Tuesday, August 16, 2016

OMG: Thoughtfulness on Significant Digits

The Summer Olympics are running right now.

And in swimming there are a lot of ties.

How is it possible that there are ties when we can measure time accurately to 3 to 6 digits?

Here’s why: because in 0.001 seconds a swimmer travels about 2 millimeters, but the construction tolerance for differences in pool lane lengths is plus or minus 30 millimeters (due to expansion and contraction from heat and cold).

FINA (which governs international swimming) recognized 40 years ago that improvements in timekeeping simply is not differentiating swimmers better. Here’s the link, although it’s not required.


Why can’t we do this in macroeconomics?

It’s not official, but the popular site usdebtclock.org certainly tries to give people the impression it’s counting off each dollar of national debt. JustFacts.org asserts that on August 4, 2016, our national debt was $19,379,566,441,022. They get this from TreasuryDirect, which sounds like a government site but isn’t.

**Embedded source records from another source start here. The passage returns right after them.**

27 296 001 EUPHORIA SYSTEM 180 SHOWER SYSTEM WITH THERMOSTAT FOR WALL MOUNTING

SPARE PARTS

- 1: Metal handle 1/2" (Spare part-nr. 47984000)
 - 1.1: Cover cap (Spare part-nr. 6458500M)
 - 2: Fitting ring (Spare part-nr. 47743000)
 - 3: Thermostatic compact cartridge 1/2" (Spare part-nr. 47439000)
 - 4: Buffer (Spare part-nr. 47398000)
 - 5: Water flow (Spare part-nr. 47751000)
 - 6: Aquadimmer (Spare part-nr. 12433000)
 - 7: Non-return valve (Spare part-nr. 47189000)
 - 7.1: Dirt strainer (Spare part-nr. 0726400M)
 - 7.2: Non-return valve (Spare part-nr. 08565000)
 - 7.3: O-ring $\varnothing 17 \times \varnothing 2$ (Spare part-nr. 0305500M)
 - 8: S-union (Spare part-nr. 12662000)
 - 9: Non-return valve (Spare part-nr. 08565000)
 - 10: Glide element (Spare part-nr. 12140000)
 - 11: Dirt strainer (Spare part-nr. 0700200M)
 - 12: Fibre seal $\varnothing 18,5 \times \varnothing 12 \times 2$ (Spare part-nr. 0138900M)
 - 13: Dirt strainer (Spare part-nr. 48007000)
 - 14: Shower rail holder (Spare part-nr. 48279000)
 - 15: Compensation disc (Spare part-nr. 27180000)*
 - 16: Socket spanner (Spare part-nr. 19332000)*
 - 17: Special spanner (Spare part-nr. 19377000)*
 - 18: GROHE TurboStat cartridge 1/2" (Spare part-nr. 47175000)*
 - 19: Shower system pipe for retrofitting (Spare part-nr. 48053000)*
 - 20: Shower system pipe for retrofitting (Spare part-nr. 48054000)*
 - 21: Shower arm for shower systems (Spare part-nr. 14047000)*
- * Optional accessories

These numbers are not credible. I would be OK with a figure of $19T, but even that is dicey. We simply do not have the ability to measure things that accurately.

How about GDP? The BEA asserts it was $18,437,600,000,000 in 2016 II. That 600 is 600 million. So they are claiming they have this down — in a country of about 300 million people — to an average of within 2 dollars for each of us? Heck, I don’t know my income in a quarter within 2 dollars. Ever. And I am mostly paid in regular paychecks.

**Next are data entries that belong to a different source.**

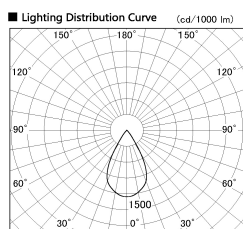

Item no. DD126-2555WW9030-LX

Series Name: Cledy versa L-G Antiglare
(DD126_AG-LX)

White Reflector

Installation	Recessed mount
Type	Cledy versa L-G Antiglare (DD126_AG-LX)
Fixture wattage	24W
Beam angle	55deg
Color Temp.	3000K
CRI	Ra>90
Luminous	1821 lm
Body	Die-cast aluminum alloy
Body finish	N/A
Trim finish	White
Reflector finish	White
IP Rate	IP20
Light source	COB module
Input Voltage	AC220~240V
Dimming Type	Non-Dimmable
Certificate	CE,CCC
Cut Hole	125mm

How about economic growth? The most recent figure is 1.2% for that same quarter. Could you feel it if it was 1.3%? Or 1.1%? I have asserted for years in principles that we have trouble feeling GDP growth rate differences of sharper than 1% (and unemployment rate differences of sharper than 0.5%, which is actually consistent with Okun’s Rule).

Why can’t we get bureaucrats be as forthcoming as swimming officials?